____ The data
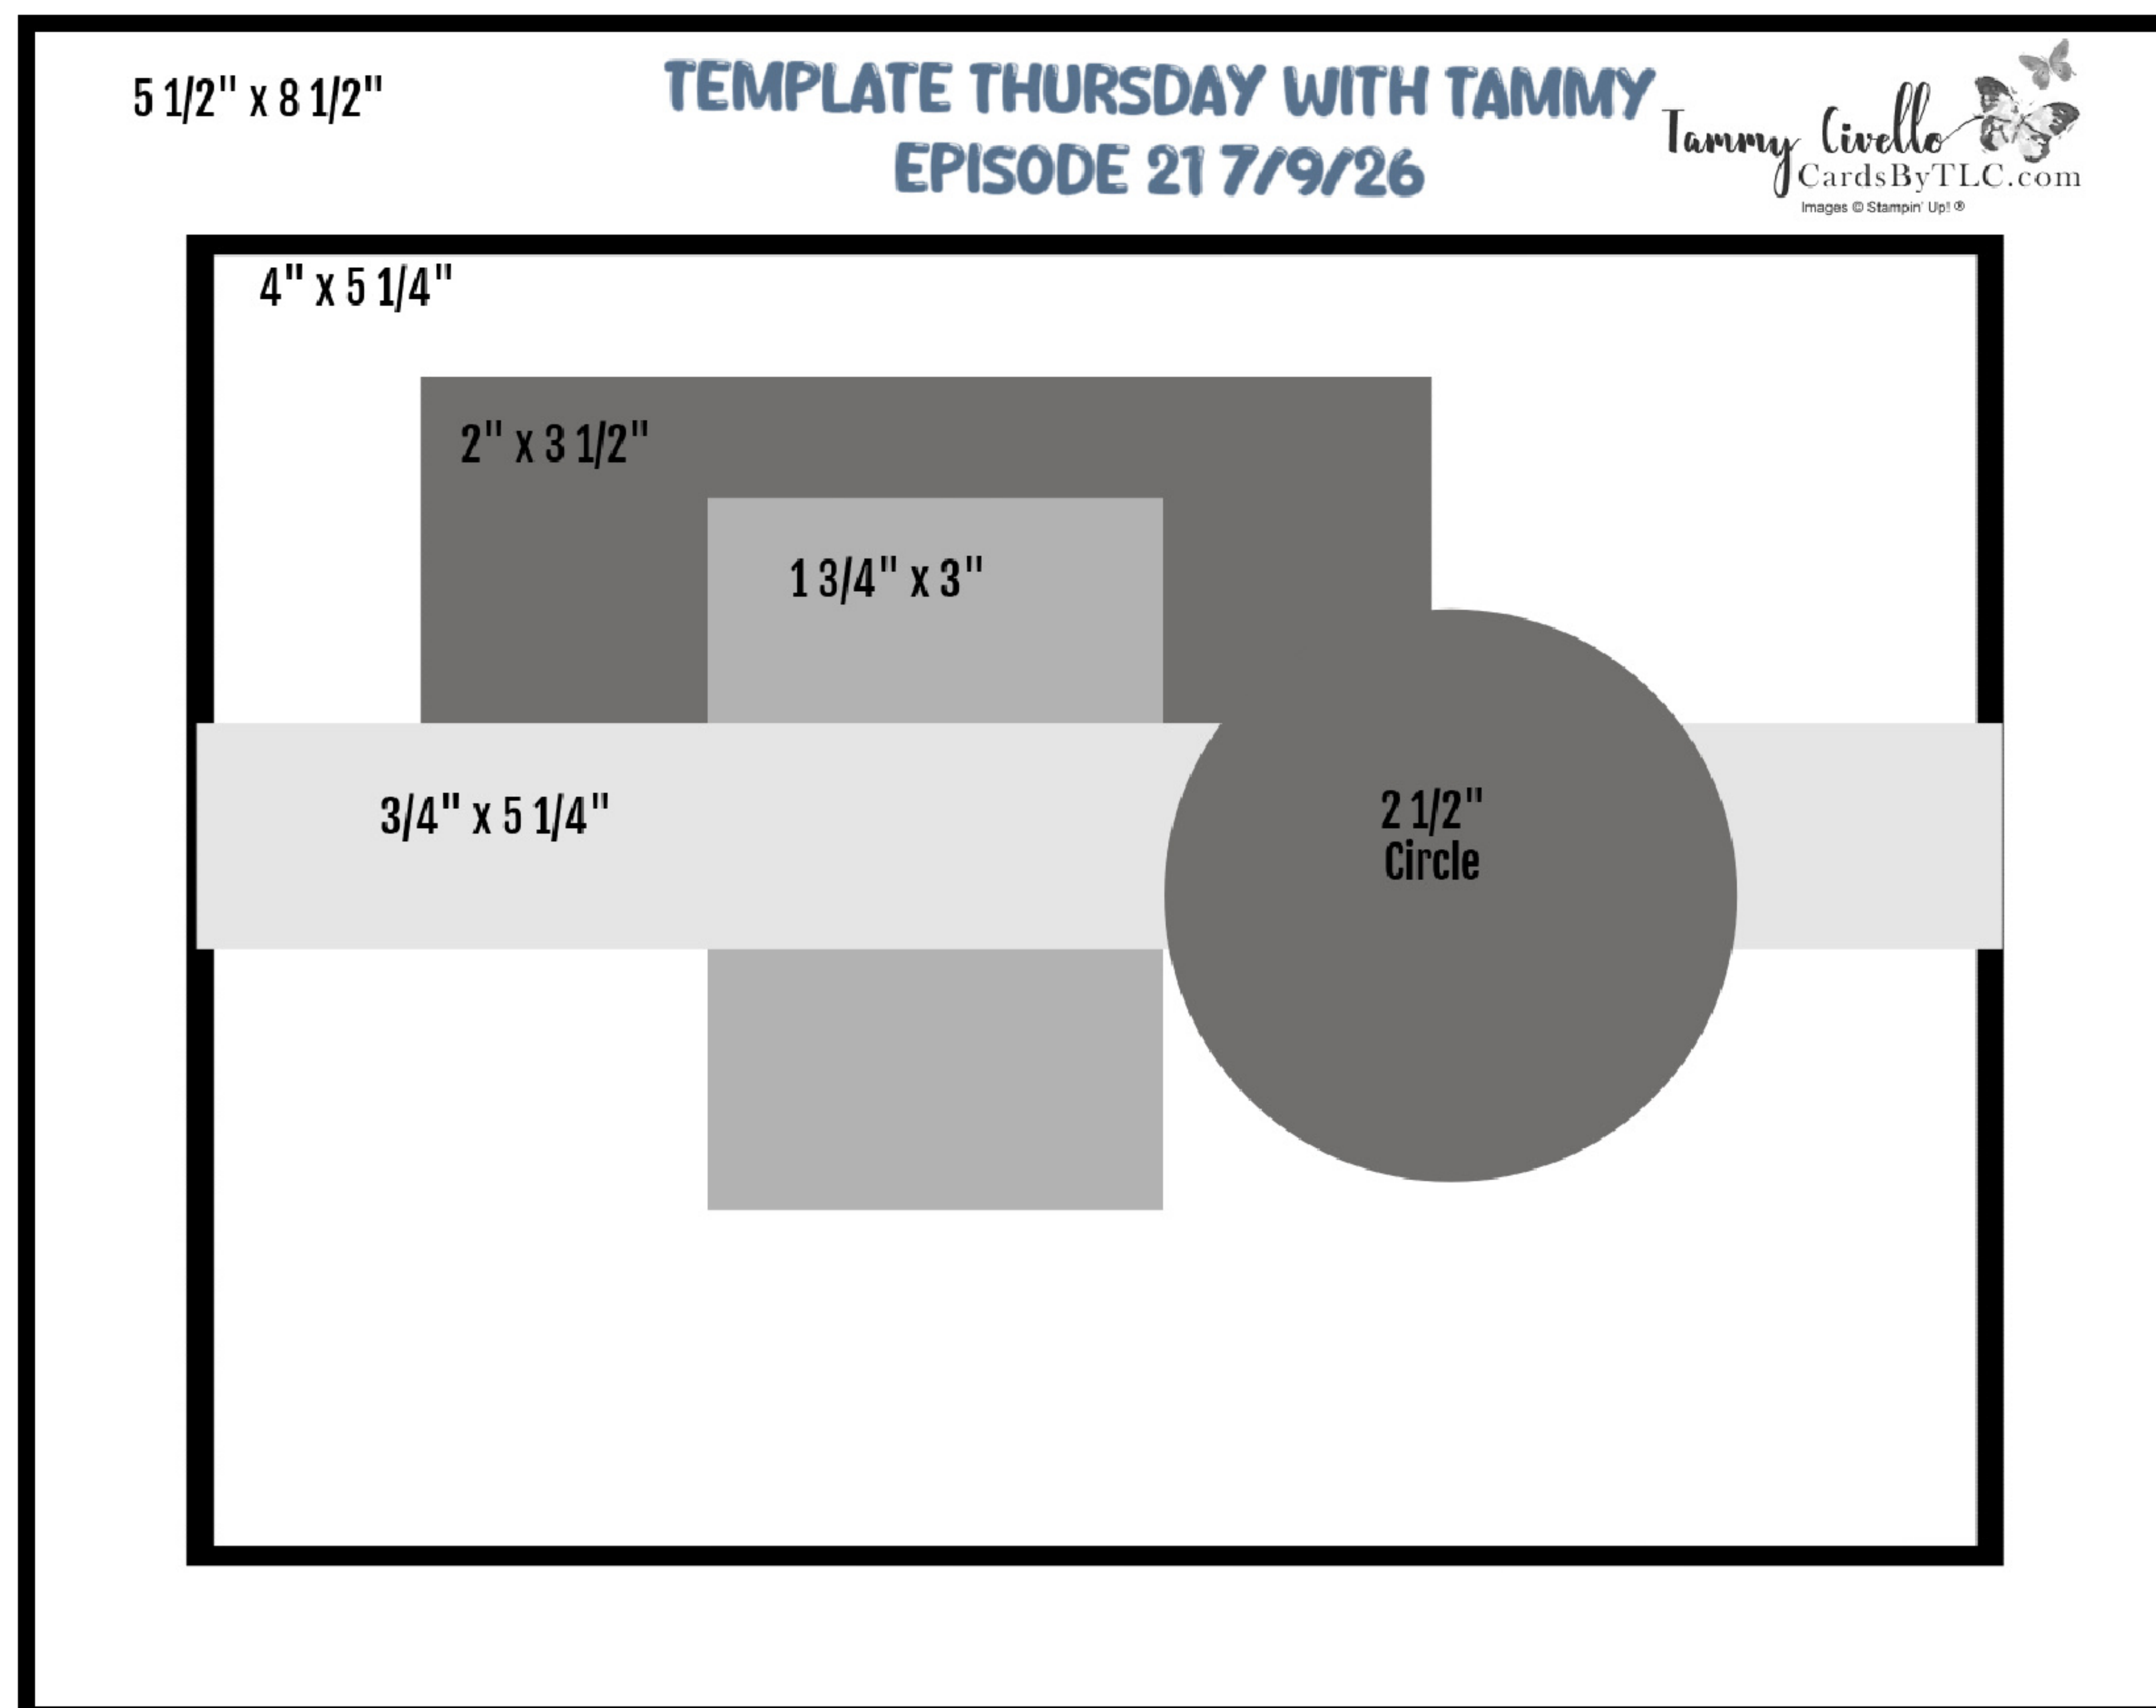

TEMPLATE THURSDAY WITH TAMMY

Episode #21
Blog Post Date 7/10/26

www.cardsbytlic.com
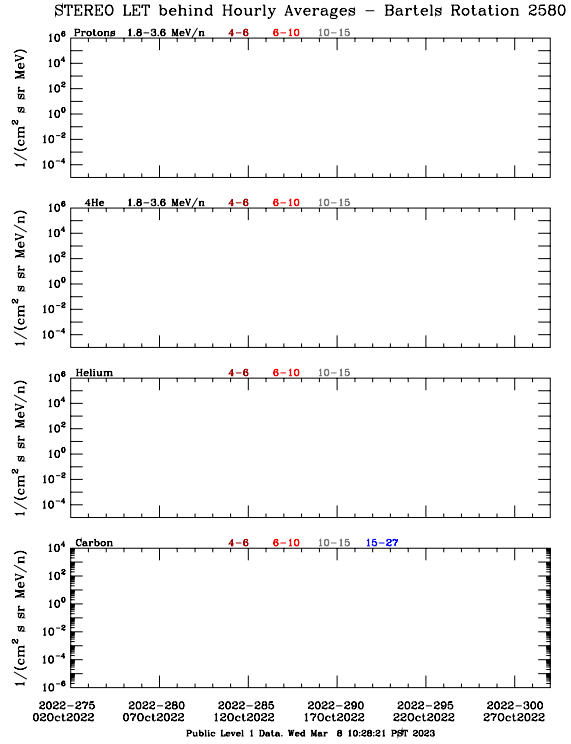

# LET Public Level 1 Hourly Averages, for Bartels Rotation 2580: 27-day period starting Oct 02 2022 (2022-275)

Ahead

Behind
________
____ The data
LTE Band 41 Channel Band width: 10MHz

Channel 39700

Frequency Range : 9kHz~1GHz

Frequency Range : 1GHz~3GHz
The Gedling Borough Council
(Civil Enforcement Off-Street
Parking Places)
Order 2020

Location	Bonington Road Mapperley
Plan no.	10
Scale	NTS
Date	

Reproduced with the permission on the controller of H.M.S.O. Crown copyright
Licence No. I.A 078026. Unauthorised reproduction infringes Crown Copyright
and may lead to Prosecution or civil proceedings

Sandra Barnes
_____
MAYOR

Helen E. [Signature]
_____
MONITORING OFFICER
________
What to do: Once you have counted the lines of the records that contain the word "Frequency", give the count and nothing else.

Answer below: 2